**Dataset records**:
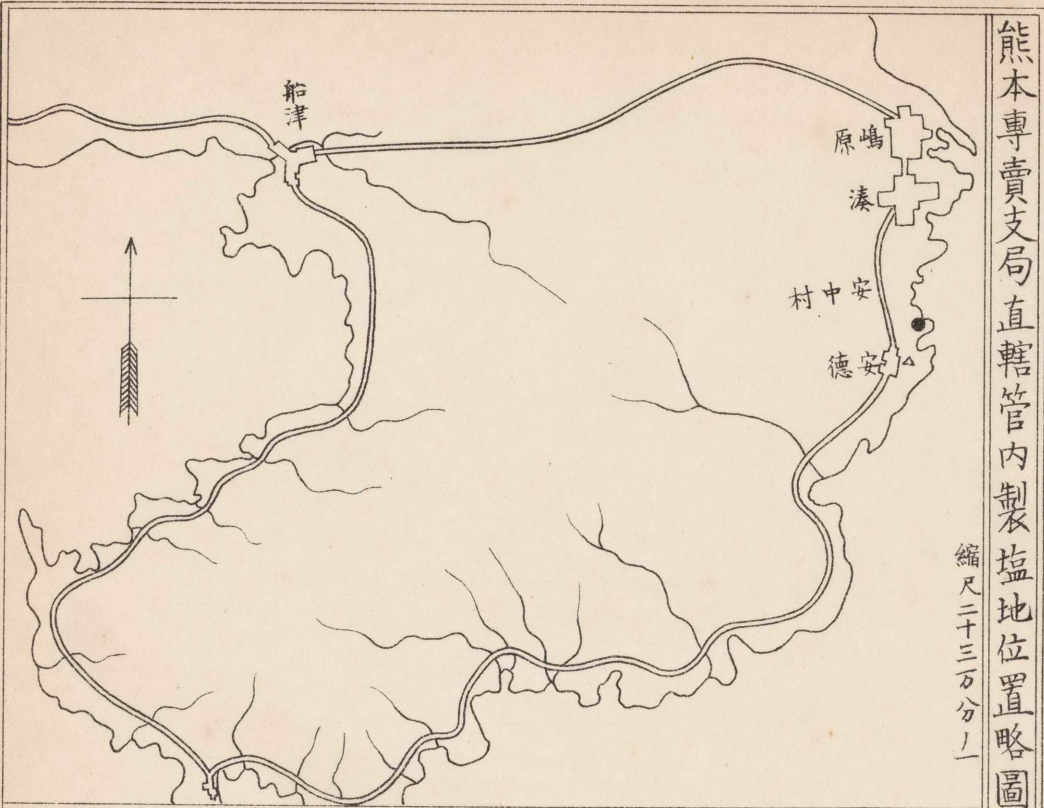

熊本專賣支局管内製鹽地位置略圖

縮尺百四十分之一

熊本專賣支局直轄管内製塩地位置略圖

縮尺二十三萬分一

口津村

縮尺二萬分一

熊本專賣支局文政出張所管内製塩地位置略圖

縮尺二万分一
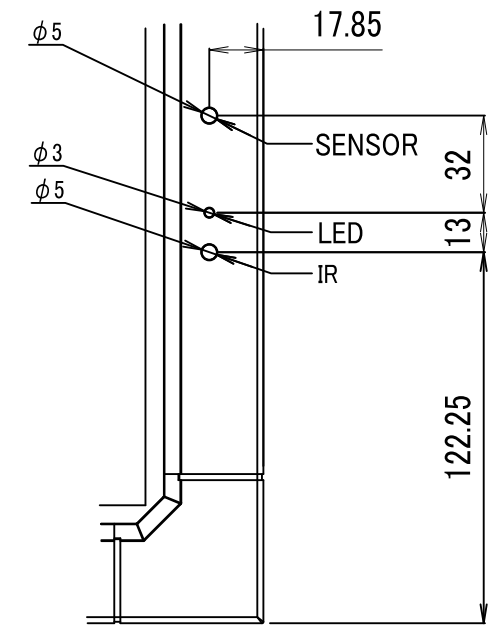

V423-TM OUTLINE

SECTION A-A
SCALE 1/1

DETAIL B
SCALE 1/2.5

SIZE A3
 SCALE 1/8
 DIM mm
 2013/12/17

**Description of the task**:
Write out the entries again word for word. Do not include the pictures.

**Exercise response**:
熊本專賣支局管内製鹽地位置略圖

縮尺百四十分之一

熊本專賣支局直轄管内製塩地位置略圖

縮尺二十三萬分一

口津村

縮尺二萬分一

熊本專賣支局文政出張所管内製塩地位置略圖

縮尺二万分一

V423-TM OUTLINE

SECTION A-A
SCALE 1/1

DETAIL B
SCALE 1/2.5

SIZE A3
 SCALE 1/8
 DIM mm
 2013/12/17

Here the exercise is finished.